4OA6 Meetings . . . . . . . . . . . . . . . . . . . . . . . . . . . . . . . . . . . . . . . . . . . . . . . . . . . . . . . . . . . 41

Exit . . . . . . . . . . . . . . . . . . . . . . . . . . . . . . . . . . . . . . . . . . . . . . . . . . . . . . . . . . . . . . . 41

2

SUMMARY OF FINDINGS

IR 05000346-02-14; FirstEnergy Nuclear Operating Company; on 09/23-11/13/2002;

Davis-Besse Nuclear Power Station. Safety System Design and Performance Capability.

This was a special inspection of the design and performance capability of the service water

system, high pressure injection system, and the safety-related portions of the 4,160 volt

AC system. It was conducted by regional engineering specialists, resident inspectors and two

consultants. The inspection identified four NCVs, three of which had multiple examples, and

two unresolved items. The significance of most findings is indicated by their color (Green,

White, Yellow, Red) using IMC 0609 Significance Determination Process (SDP). Findings for

which the SDP does not apply are indicated by No Color or be assigned a severity level after

USNRC management review. The USNRCs program for overseeing the safe operation of

commercial nuclear power reactors is described in NUREG-1649, Reactor Oversight Process,

Revision 3, dated July 2000.

A. Inspector Identified Findings

Cornerstone: Mitigating Systems

  • Green. The inspectors identified a Non-Cited Violation (NCV) of Technical

Specification surveillance requirement 4.2.5.H, associated with failure to re-verify

High Pressure Injection pump flow following modifications that could alter system

flow characteristics.

This finding was determined to be more than minor because it affected the

mitigation systems cornerstone objective. This finding screened as Green in

the SDP phase 1, since this issue was not an actual loss of a safety function.

Because the finding was of very low safety significance, and was captured in

the licensees corrective action system this finding is being treated as an NCV

consistent with Section VI.A.1 of the NRC Enforcement Policy (Section 1R21.3).

  • Green. The inspectors identified an example of a Non-Cited Violation of 10 CFR

Part 50, Appendix B, Criterion III, associated with a non-conservative TS value

for the 90 percent degraded voltage relay.

This finding screened as Green in the SDP phase 1, since this issue was a

design deficiency that was confirmed not to result in loss of function in

accordance with Generic Letter 91-18 (Revision 1). Because the finding was of

very low safety significance, and was captured in the licensees corrective action

system this finding is being treated as an NCV consistent with Section VI.A.1 of

the NRC Enforcement Policy (Section 1R21.5).

Green. The inspectors identified an example of a Non-Cited Violation of 10 CFR

Part 50, Appendix B, Criterion III, associated with non-conservative relay setpoint

calculation for the 59 percent undervoltage relay.

3

This finding screened as Green in the SDP phase 1, since this issue does not

contribute to the likelihood of a Primary or Secondary system Loss of Coolant

Accident (LOCA) initiator, does not contribute to both the likelihood of a reactor

trip and the likelihood that mitigation equipment or functions will not be available,

and does not increase the likelihood of a fire or internal/external flood.
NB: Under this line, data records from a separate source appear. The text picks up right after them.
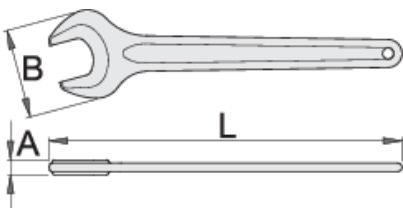

Γερμανικό κλειδί βαρέως τύπου

117/4

Προφίλ

Premium 

Χαρακτηριστικά προϊόντος

- υλικό: χρώμιο βανάδιο
- σφυρήλατο, ολικά σκληρυμένο με θερμική επεξεργασία
- μαύρο φινίρισμα
- κατασκευασμένο σύμφωνα με τα πρότυπα DIN 894

Χρήση:

- Εφαρμογές, Στην βιομηχανία για εργασία σε μηχανήματα, μηχανές και άλλες συσκευές
- Μεγαλύτερες διαστάσεις είναι χρήσιμες στα Ναυπηγεία, τα Διυλιστήρια και άλλες βαρείες βιομηχανίες όπου χρησιμοποιούνται μεγάλες μηχανές και μεγάλες συσκευές
- Αυτό το κλειδί είναι πολύ κατάλληλο για εργασία που απαιτεί μεγαλύτερη ροπή.

L

A

B

| |  | L | A | B |  |  |
|--------|--|-----|------|-----|--|--|
| 620207 | 12 | 123 | 5 | 26 | 29 | |
| 615264 | 17 | 157 | 6,5 | 36 | 68 | |
| 615272 | 34 | 295 | 12,5 | 74 | 399 | |
| 615273 | 36 | 295 | 12.5 | 74 | 438 | |
| 615274 | 38 | 295 | 12.5 | 74 | 390 | |
| 615275 | 41 | 335 | 13.5 | 84 | 537 | |
| 615276 | 46 | 365 | 14.5 | 94 | 747 | |
| 615277 | 50 | 400 | 15.5 | 102 | 890 | |
| 615278 | 55 | 475 | 16 | 110 | 1170 | |
| 615279 | 60 | 475 | 17 | 120 | 1365 | |
| 615280 | 65 | 550 | 18 | 130 | 1665 | |
| 615281 | 70 | 550 | 19 | 140 | 1995 | |
| 615282 | 75 | 620 | 20 | 150 | 2995 | |
| 615283 | 80 | 665 | 21 | 160 | 3895 | |
| 615285 | 90 | 740 | 23 | 190 | 4795 | |

* Οι εικόνες των προϊόντων είναι συμβολικές. Όλες οι διαστάσεις είναι σε mm, το βάρος είναι σε γραμμάρια. Όλες οι αναφερόμενες διαστάσεις μπορεί να διαφέρουν σε ανοχές.

Χρήση (εικόνες)

Ασφάλεια (εικόνες)
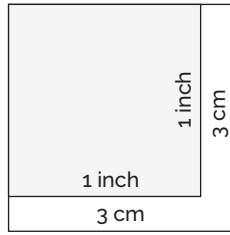

Jolemina

STYLE 15

1/4

center

60

201 mm

65

208 mm

70

218 mm

75

230 mm

80

242 mm

85

260 mm

90

275 mm

95

290 mm

Jolemina

STYLE 15

2/4

center
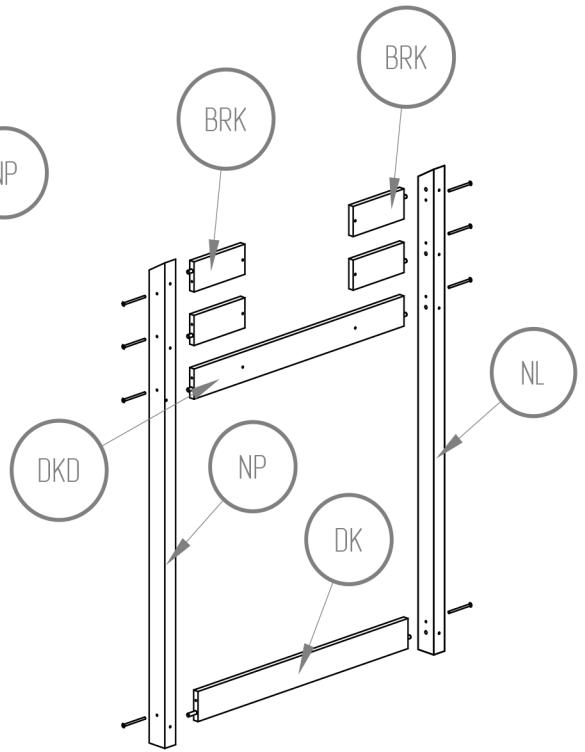

E L I S

Návod na montáž

  
design

Vyvýšená postel domeček classic  
Play side

SK	- x4
NL	- x2
NP	- x2
B2	- x1
DD	- x8
DKD	- x1
DK	- x5
BRK	- x4
DR	- x2
SCH	- x3
LDS	- x4
LKS	- x2
ST	- x20-32

- 
- S110 - x16*
  - S80 - x20*
  - S50 - x14*
  - S40 - x4*
  - W30 - x28*
  - K10 - x46*
  - G - x4*
  - INBUS - x1*

# Počet otvorů pro vložení roštových lamel a počet dílů ST.

<b>Délka</b>	<b>QT</b>
200 cm	16
190 cm	16
180 cm	14
170 cm	14
160 cm	14
150 cm	12
140 cm	12
120 cm	10

K10  
M10x45
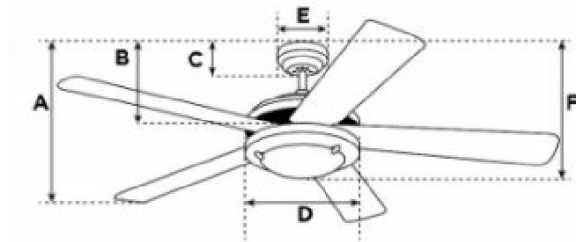

Abmessungen / Dimensions / Dimensioni

Urban Gale

- A:** Abmessung von der Decke bis zum unteren Ende der Flügel
A: dimensions depuis le plafond jusqu'au bout des hélices
A: dimensioni dal soffitto fino al fondo delle eliche
- B:** Abmessung von der Decke bis zum unteren Ende Schalergehäuse
B: dimensions depuis le plafond jusqu'au bout du boîtier
B: dimensioni dal soffitto fino al fondo della cassa
- C:** Abmessung von der Decke bis zum unteren Ende Abdeckung
C: dimensions depuis le plafond jusqu'au bout de couvercle
C: dimensioni dal soffitto fino al fondo di copertura
- D:** Breite des Motorengehäuses
D: largeur du boîtier de moteur
D: larghezza della cassa del motore
- E:** Breite der Abdeckung
E: largeur de couvercle
E: larghezza di copertura
- F:** Mass von der Decke bis zum unteren Ende Leuchte
F: dimensions depuis le plafond jusqu'au bout de lumière
F: dimensioni dal soffitto fino al fondo della lampada

A	B	C	D	E	F
47.5	40	6.2	19.9	13	-

Masse / Dimensions / Dimensioni, cm
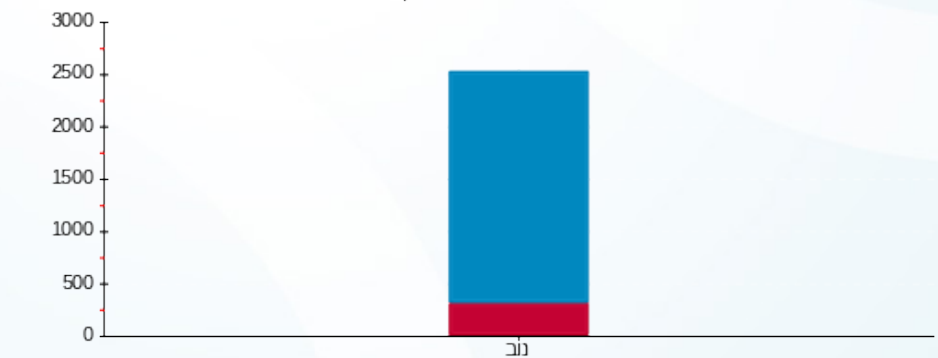

הסטוריית צריכה בקוט"ש

Because

the finding was of very low safety significance, and was captured in the

licensees corrective action system, this finding is being treated as an NCV

consistent with Section VI.A.1 of the NRC Enforcement Policy (Section 1R21.5).

Green. The inspectors identified an example of a Non-Cited Violation of 10 CFR

Part 50, Appendix B, Criterion III, associated with an inadequate analytical basis

for the setpoint to swap service water system discharge path.

The inspectors considered this finding was more than minor because it could

affect the mitigating systems cornerstone objective of ensuring the capability of

systems that respond to initiating events to prevent undesirable consequences

attributable to design control. Using the significance determination process, the

safety significance was determined to be very low (Green) because the finding

did not screen as potentially risk significant due to a seismic, fire, flooding, or

severe weather event. Because the finding was of very low safety significance,

and was captured in the licensees corrective action system, this finding is being

treated as an NCV consistent with Section VI.A.1 of the NRC Enforcement Policy

(Section 1R21.5).

Appendix B, Criterion XI, associated with a service water surveillance test that

did not use worst case values.

This finding screened as Green in the SDP phase 1, since this issue was a

testing deficiency that was confirmed not to result in loss of function in

accordance with GL 91-18 (Revision 1). Because the finding was of very low

safety significance, and was captured in the licensees corrective action system

this finding is being treated as an NCV consistent with Section VI.A.1 of the NRC

Enforcement Policy (Section 1R21.6).

  • Green. The inspectors identified a Non-Cited Violation of 10 CFR 50,

Appendix B, Criterion XVI, associated with inadequate corrective actions for

service water pump discharge check valves test acceptance criteria.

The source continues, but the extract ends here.